POETRY IN THE PLAGUE YEAR

Poems written during the Coronavirus Outbreak 2020

How to submit   -  Back to Contents

 

Jeffrey Harpeng
Brisbane, Australia

 

Jeffrey Harpeng has written poetry on both sides of the Tasman. It continues to follow him into the future as he tows the past into the present.
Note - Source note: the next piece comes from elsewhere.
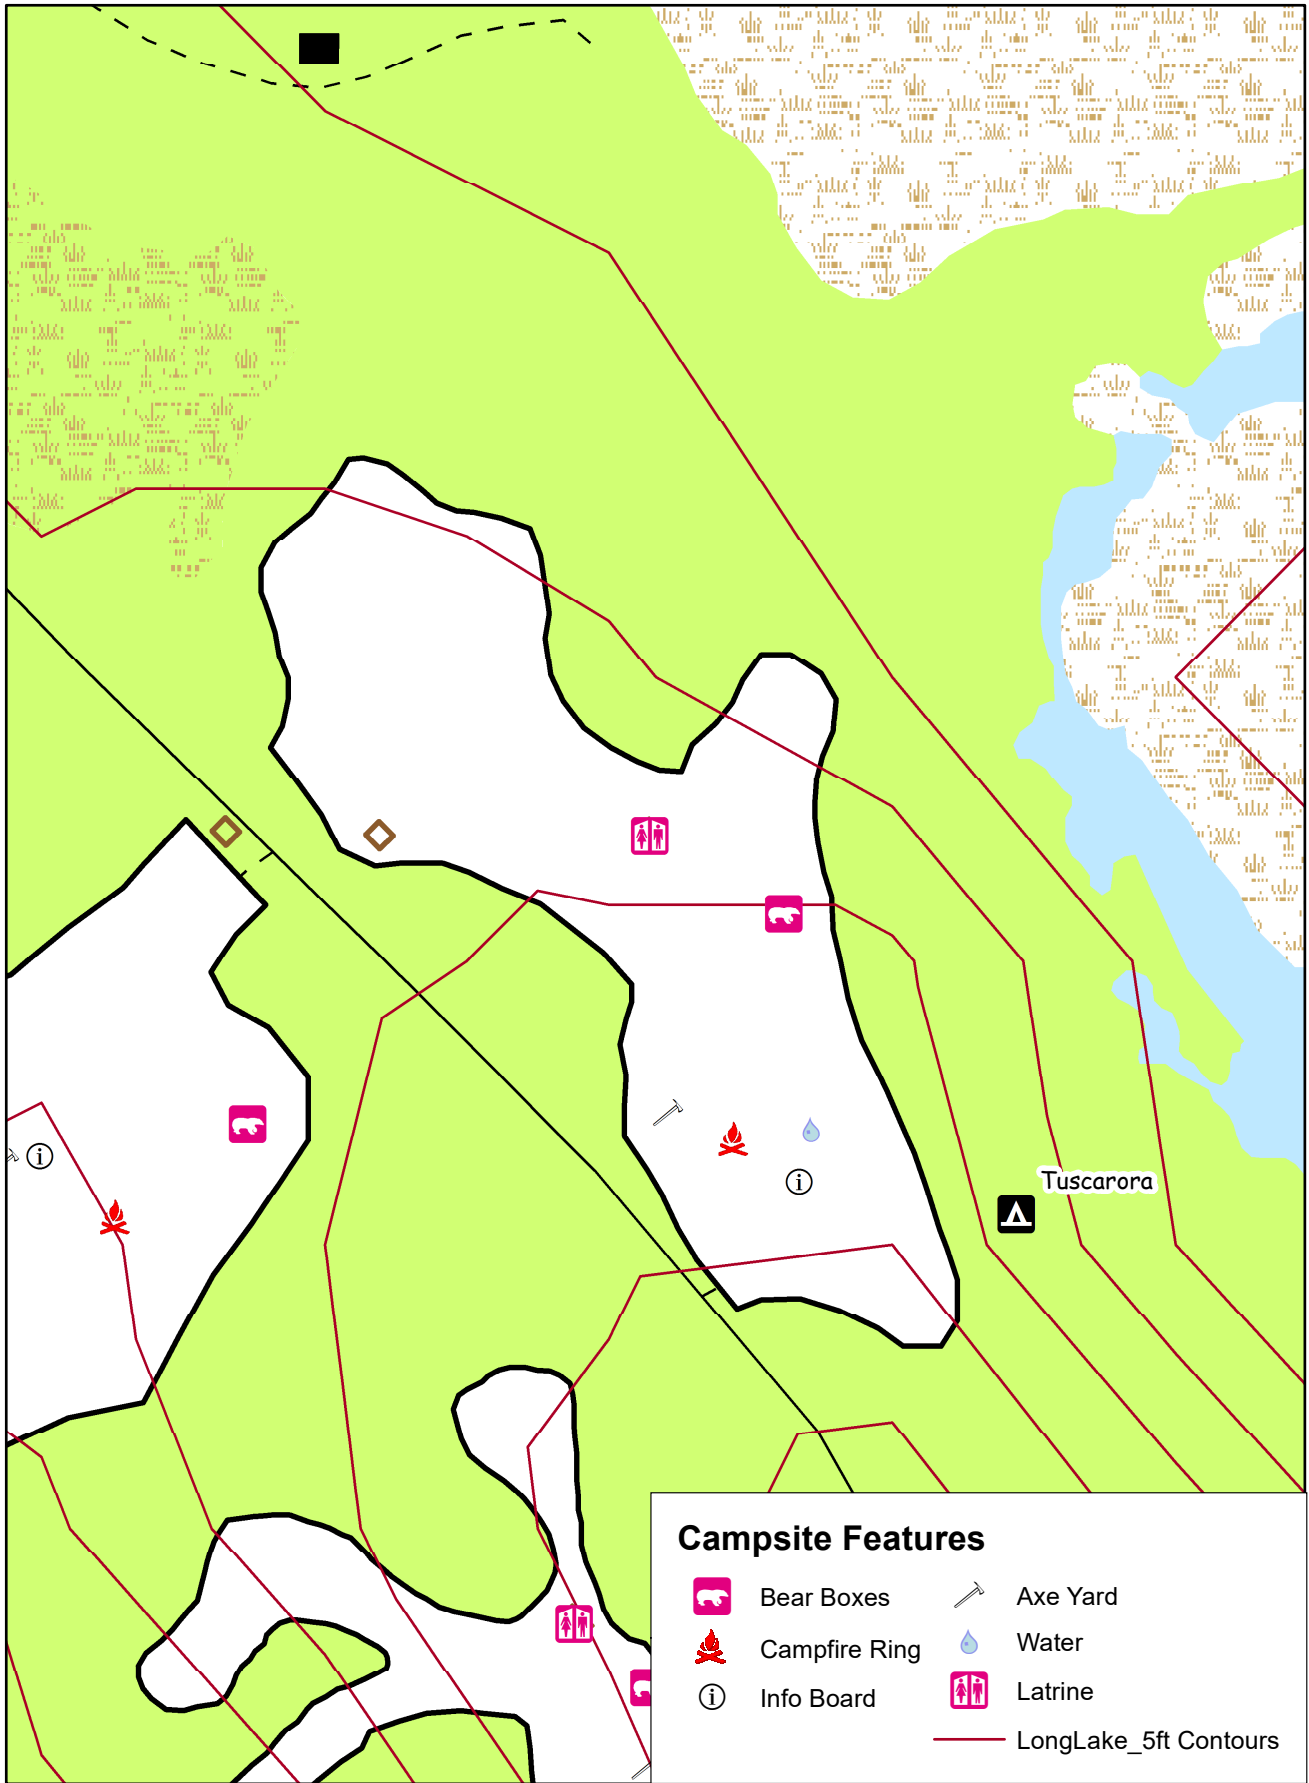

# Tuscarora Campsite

80 40 0 80 Feet

He likes to tease the short forms, haiku and tanka, but generally will tuck them into a snug haibun late at nightbefore bed.

 

Written: 27th April 2020

 

In the Time of the Virus


To speak as if there was no end to words –
yes generations will pick up the thread.
What we say, was said, and will be said,

and at the death bed an embrace says more.

 

With some theatre I could have said,

“Let your father lift you up to see
what is in the hollow of that tree.”

That scene Mother gave me two weeks before.

 

She never said “I am dying,” but
often let slip “You’re my baby boy.”
Words weighted with grief and joy.

How she mourned for sixty three years,

 

even as she shook talc down the hall
for her kids to run and slide. Forlorn,
laughing, she mourned her first born,

dead on his first day. What to say

 

escaped everyone she knew. Father,
could he pray when the white coffin
was lowered. From that end to begin,

to go on. How grief eats a stout heart.

 

Years after my Father died I saw in photos,
his sister hoarded, he played the comic.
“Emil he vas trunk,” he’d say to mimic

his father, “but I vas ten times trunk as him.”

 

And in this time of the virus, candles
on a cake. My son, now thirty five
pauses and blows, then takes the knife
to cut us each a slice of his wish.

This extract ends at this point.